The Effects of Needle Type, Gauge, Insertion Depth and the Use of Introducer Needle on Spinal or Epidural Needle Deflection.
10.4097/kjae.2000.39.6.876
- Author:
Won Sik AHN
1
;
Jae Hyon BAHK
Author Information
1. Department of Anesthesiology, Hallym University College of Medicine, Seoul, Korea.

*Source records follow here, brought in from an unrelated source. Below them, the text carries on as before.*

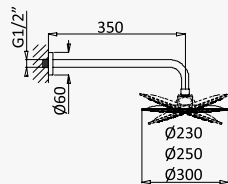

Sistema embutido de duche com chuveiro de parede Ø250 mm em Inox e kit de chuveiro mão Elo

Concealed shower set with Inox shower head Ø250 mm and Elo hand-shower set

Sistema de ducha empotrado con alcachofa de ducha Ø250 mm en Inox y set de ducha de mano Elo

- Cromado/Chrome 167 572 1CR
- Satinox 167 572 1ST
- Night Sky 167 572 1NS
- Pure White 167 572 1PW
- Morning Mist 167 572 1MM
- Sunrise 167 572 1SR
- Sunset 167 572 1SS
- Gunmetal PVD 167 572 1GM
- Sunrise PVD 167 572 1PR
- Sunset PVD 167 572 1PS
- Gold PVD 167 572 1PO

Opção: Manípulo 2

Option: Lever 2

Opción: Mando 2

- Cromado / Chrome 167 572 2CR
- Satinox 167 572 2ST
- Night Sky 167 572 2NS
- Pure White 167 572 2PW
- Morning Mist 167 572 2MM
- Sunrise 167 572 2SR
- Sunset 167 572 2SS
- Gunmetal PVD 167 572 2GM
- Sunrise PVD 167 572 2PR
- Sunset PVD 167 572 2PS
- Gold PVD 167 572 2PO

INT 240 1NO

Sistema embutido de duche com chuveiro de parede Ø300 mm em Inox e kit de chuveiro mão Elo

Concealed shower set with Inox shower head Ø300 mm and Elo hand-shower set

Sistema de ducha empotrado con alcachofa de ducha Ø300 mm en Inox y set de ducha de mano Elo

- Cromado/Chrome 167 573 1CR
- Satinox 167 573 1ST
- Night Sky 167 573 1NS
- Pure White 167 573 1PW
- Morning Mist 167 573 1MM
- Sunrise 167 573 1SR
- Sunset 167 573 1SS

Opção: Manípulo 2

Option: Lever 2

Opción: Mando 2

- Cromado / Chrome 167 573 2CR
- Satinox 167 573 2ST
- Night Sky 167 573 2NS
- Pure White 167 573 2PW
- Morning Mist 167 573 2MM
- Sunrise 167 573 2SR
- Sunset 167 573 2SS

INT 240 1NO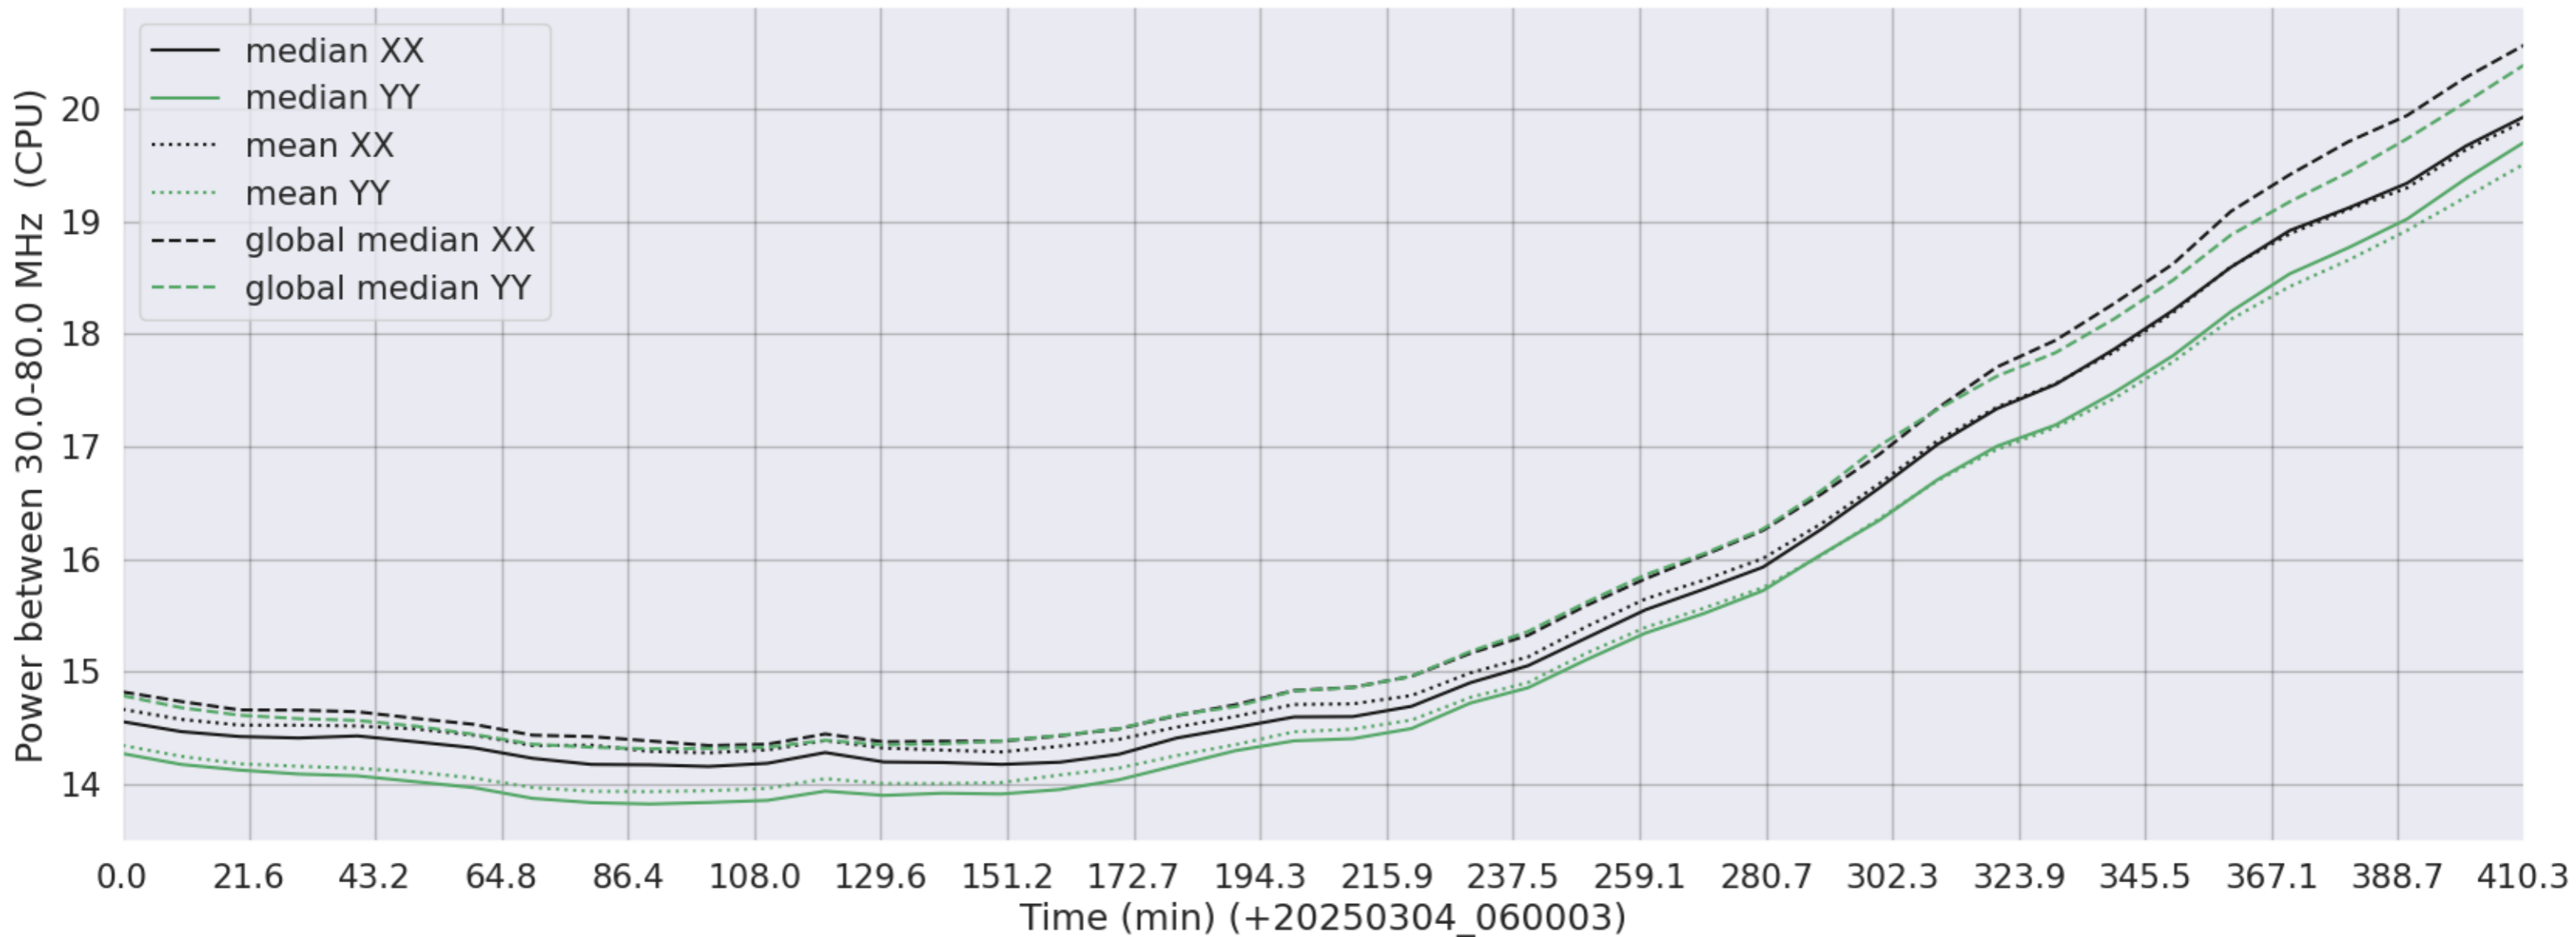

LWA201 - Correlator# 279 - XX FLAGS:Good - YY FLAGS:Good

LWA202 - Correlator# 278 - XX FLAGS:Good - YY FLAGS:Good

- Publication Type:Original Article
- Keywords:
Anesthetic techniques: Epidural;
Spinal;
Deflection;
Equipment: Needle;
Styrofoam block
- MeSH:
Needles*;
Post-Dural Puncture Headache;
Spinal Canal
- From:Korean Journal of Anesthesiology
2000;39(6):876-881
- CountryRepublic of Korea
- Language:Korean
-
Abstract:
BACKGROUND: This study was performed to discover how much needle deflection occurs during spinal or epidural block and how it can be reduced. METHODS: A styrofoam block was used to simulate the paraspinal area of the back. A line was drawn perpendicular to the edge. Using the line as a guide, the needles were advanced through the block. Quincke-type needles of 22 and 25 gauge, pencil-type needles of 22 and 25 gauge or Tuohy needles of 17 and 18 gauge were used. Using a block of 6 cm thick, spinal needle was advanced through the introducer with their apertures facing to the same or opposite direction. The deflection from the perpendicular line was measured in mm intervals. RESULTS: Small-gauged and beveled spinal needles had more deflection depending on the block thickness (P < 0.05). However, the deflection of epidural needles was not consistent. When the bevel of the introducer and spinal needle was facing the same direction, the use of an introducer needle decreased the deflection in 22 and 25 G Quicke, and 25 G Whitacre needles (P < 0.05). When facing each other, the deflection was reduced in all the spinal needles (P < 0.05), and reduced more in the 25 G Quicke needles (P < 0.05). CONCLUSIONS: Considering the estimated depth of the spinal canal, needle type, bevel direction, its gauge and the use of an introducer needle, we can take advantage of the deflection phenomenon to reduce post-dural puncture headache and to increase the success rate of a spinal or epidural block.